** Opening INFORMATION PROVIDED block **

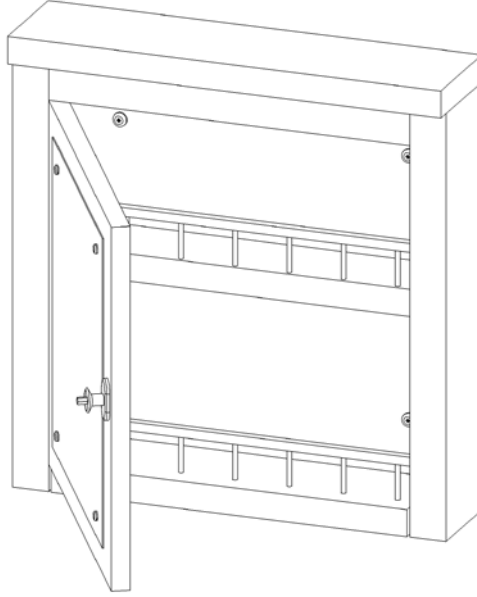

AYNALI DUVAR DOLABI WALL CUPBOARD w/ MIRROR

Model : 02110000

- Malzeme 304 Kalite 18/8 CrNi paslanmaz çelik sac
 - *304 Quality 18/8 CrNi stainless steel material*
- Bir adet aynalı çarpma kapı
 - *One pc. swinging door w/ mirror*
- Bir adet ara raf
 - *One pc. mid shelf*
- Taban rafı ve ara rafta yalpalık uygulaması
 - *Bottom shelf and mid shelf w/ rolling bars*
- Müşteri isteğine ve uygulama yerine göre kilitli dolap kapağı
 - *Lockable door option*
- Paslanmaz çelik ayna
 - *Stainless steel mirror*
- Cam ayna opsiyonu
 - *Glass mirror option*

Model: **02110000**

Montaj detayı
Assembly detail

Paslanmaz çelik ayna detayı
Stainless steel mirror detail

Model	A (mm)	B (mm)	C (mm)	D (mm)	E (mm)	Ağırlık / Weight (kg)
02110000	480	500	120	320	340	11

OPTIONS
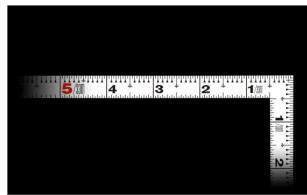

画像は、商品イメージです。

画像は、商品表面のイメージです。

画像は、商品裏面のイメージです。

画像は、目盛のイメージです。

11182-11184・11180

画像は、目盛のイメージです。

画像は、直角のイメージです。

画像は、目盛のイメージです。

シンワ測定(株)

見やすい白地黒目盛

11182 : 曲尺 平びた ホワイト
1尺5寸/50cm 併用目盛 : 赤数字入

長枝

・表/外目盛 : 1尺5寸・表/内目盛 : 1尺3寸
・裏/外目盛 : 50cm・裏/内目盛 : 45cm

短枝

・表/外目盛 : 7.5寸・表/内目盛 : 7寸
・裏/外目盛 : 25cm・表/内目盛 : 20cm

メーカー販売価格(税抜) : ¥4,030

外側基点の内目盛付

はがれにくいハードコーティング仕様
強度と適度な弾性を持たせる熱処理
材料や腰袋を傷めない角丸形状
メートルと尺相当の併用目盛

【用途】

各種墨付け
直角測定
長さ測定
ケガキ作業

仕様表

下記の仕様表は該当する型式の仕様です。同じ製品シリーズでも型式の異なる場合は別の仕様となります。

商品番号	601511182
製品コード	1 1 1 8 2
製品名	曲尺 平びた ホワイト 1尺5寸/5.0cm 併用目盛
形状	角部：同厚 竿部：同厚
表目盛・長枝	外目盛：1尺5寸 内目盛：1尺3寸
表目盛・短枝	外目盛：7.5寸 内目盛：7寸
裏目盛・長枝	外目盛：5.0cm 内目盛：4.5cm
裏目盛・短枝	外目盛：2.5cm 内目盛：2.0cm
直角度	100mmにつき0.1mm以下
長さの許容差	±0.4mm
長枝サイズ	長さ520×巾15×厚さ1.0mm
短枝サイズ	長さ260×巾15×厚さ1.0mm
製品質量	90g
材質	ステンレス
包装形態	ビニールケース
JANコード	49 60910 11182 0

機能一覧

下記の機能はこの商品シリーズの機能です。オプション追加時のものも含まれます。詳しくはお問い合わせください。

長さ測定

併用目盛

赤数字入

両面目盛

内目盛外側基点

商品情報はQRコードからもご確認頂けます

** Closing INFORMATION PROVIDED block **
** Opening INFORMATION PROVIDED block **

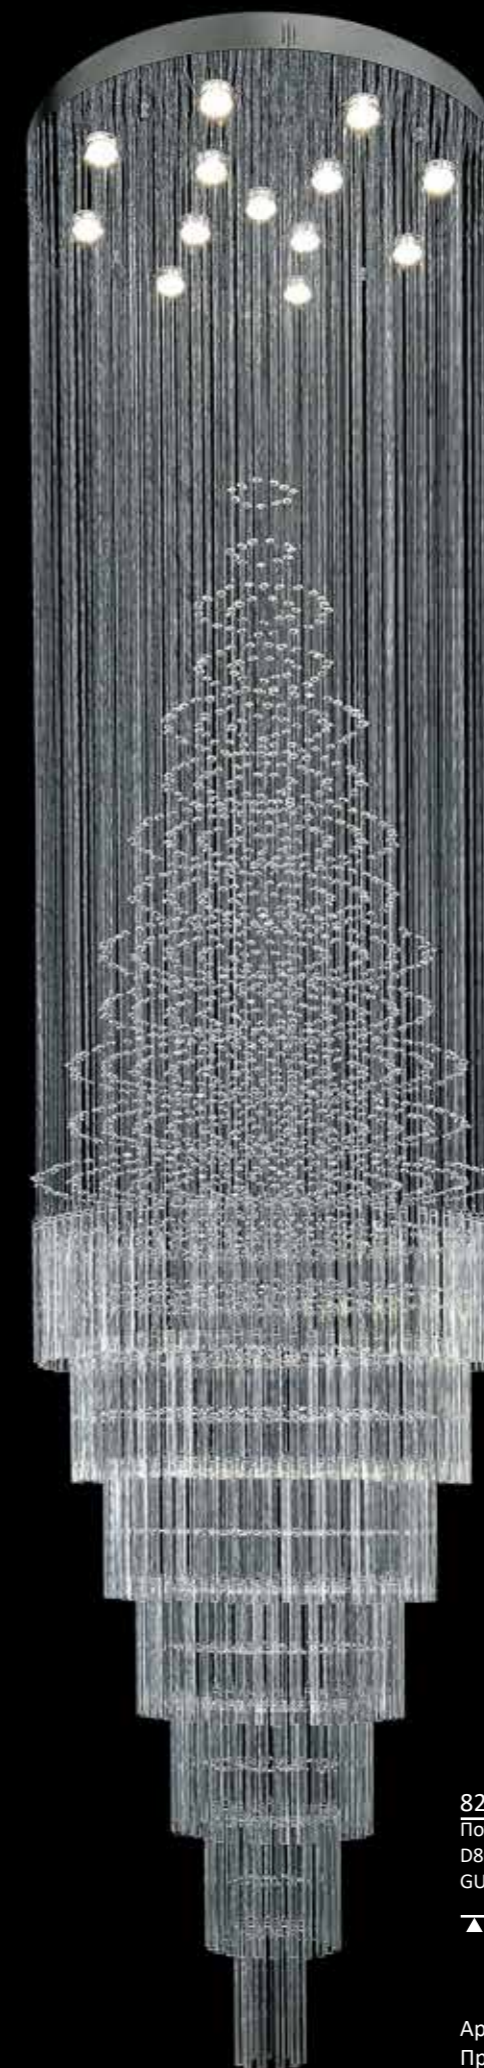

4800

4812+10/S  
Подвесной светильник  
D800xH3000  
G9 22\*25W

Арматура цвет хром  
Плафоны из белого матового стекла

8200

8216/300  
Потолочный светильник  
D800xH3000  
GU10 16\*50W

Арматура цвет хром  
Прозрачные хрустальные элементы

** Closing INFORMATION PROVIDED block **

#### EXERCISE GOAL
Lines of the listing above that hold the string "shelf" should each be copied.

#### REPLY
 - *One pc. mid shelf*
 - *Bottom shelf and mid shelf w/ rolling bars*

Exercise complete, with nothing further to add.